Elixir/OTP provides:
- **Lightweight processes** (10k+ concurrent requests)
- **Fault tolerance** (supervision trees handle failures)
- **Immutability** (no race conditions)
- **Hot code reloading** (update without stopping)
- **Distributed** (scale across machines)
Perfect for research requiring massive parallelism and reproducibility.
### What's the learning curve?
- **Beginner:** 1-2 days to run existing experiments
- **Intermediate:** 1 week to write custom experiments
- **Advanced:** 2-4 weeks to extend framework
Prior Elixir experience helps but not required. Framework provides high-level DSL.
### How much does it cost to run experiments?
Depends on experiment size:
- **Small (100 queries):** $0.50-$5
- **Medium (1000 queries):** $5-$50
- **Large (10k queries):** $50-$500
Use cheap models (GPT-4 Mini, Claude Haiku, Gemini Flash) to minimize costs.
### Is it production-ready?
**For research:** Yes. Framework is stable, well-tested, and actively used.
**For production systems:** Partially. Core libraries (Ensemble, Hedging) are production-ready.

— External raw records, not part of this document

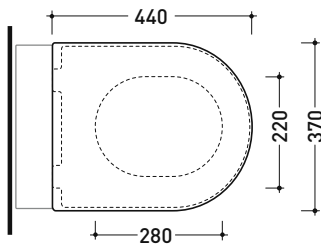

## QKCW07

Soft-closing thermosetting wrapping seat&cover with **quick-release hinges**

Complements: **Wall hung wc App** (AP118 - AP118G - AP118S)  
**Wall hung wc MiniApp** (AP119 - AP119G)  
**App back to wall wc** (AP117G - AP117RG)

Package dim.

Weight **3 kg**

Pz. Pallet n° -

art. AP117G - AP117RG  
vista zenitale / zenital view

art. AP118 - AP118G - AP118S  
vista zenitale / zenital view

art. AP119 - AP119G  
vista zenitale / zenital view

art. AP117G - AP117RG  
vista laterale / lateral view

art. AP118 - AP118G - AP118S  
vista laterale / lateral view

art. AP119 - AP119G  
vista laterale / lateral view

sizes in mm

THERMOSETTING: glossy finish

Package dim.

Weight **3 kg**

Pz. Pallet n° -

art. QK117G - QK117RG  
 vista zenitale / zenital view

art. QK116  
 vista zenitale / zenital view

art. QK117G - QK117RG  
 vista laterale / lateral view

art. QK116  
 vista laterale / lateral view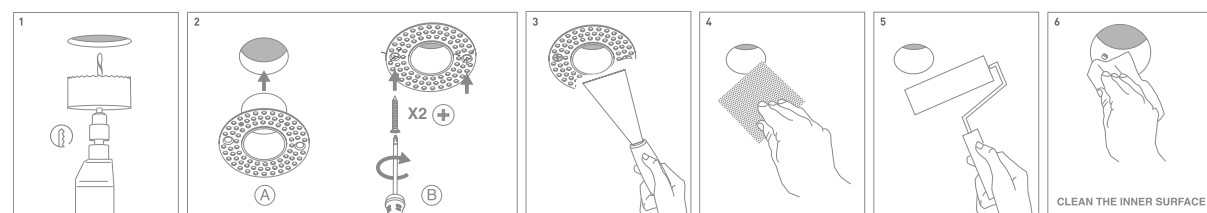

Adjustable Downlight

Adjustable Downlight

Installation Schemes

Connection Tips

SEVERAL FIXTURES CONNECTION TO A SINGLE CONSTANT CURRENT DRIVER

Trimless Mounting

Publication date: December 2025

©Copyright OBT Lighting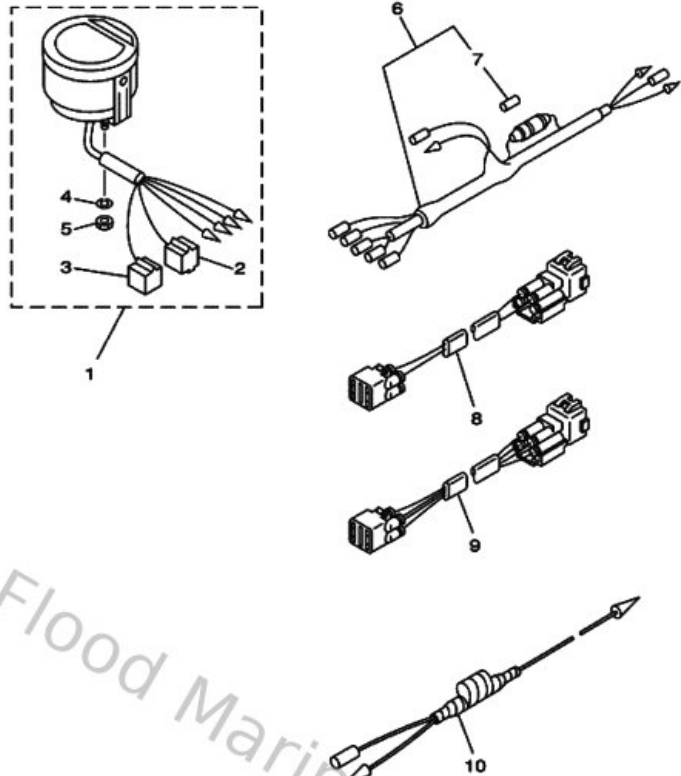

Meter

6H30100-0270

Flood Marine Services

Ref	Part	
1	6Y583500T200 Digital tachometer assembly	Buy now
2	9E4500443300 Housing, connector (m-4-w)	Buy now
3	9E4500453300 Housing, f-4-w(5pcs)	Buy now
4	929900410000 Ybs67-4 washer, spring	Buy now
5	953030460000 Nut, hexagon (663)	Buy now
6	6Y5835530000 Wire, lead (l=2.5m)	Buy now
7	1E6821510000 Fuse (10a)	Buy now
8	6R3825217000 Wire, lead (for tacho., 7m)	Buy now
9	6R3825537000 Extension, wire lead (for trim	Buy now
10	6H4813151100 Lead wire assembly	Buy now

ResearchHarness is research-focused.
### Can I use it without Elixir knowledge?
Basic experiments: Yes, using provided templates.
Custom experiments: Some Elixir knowledge required (functions, pattern matching, pipelines).
**Resources:**
- [Elixir Getting Started](https://elixir-lang.org/getting-started/introduction.html)
- [Elixir School](https://elixirschool.com)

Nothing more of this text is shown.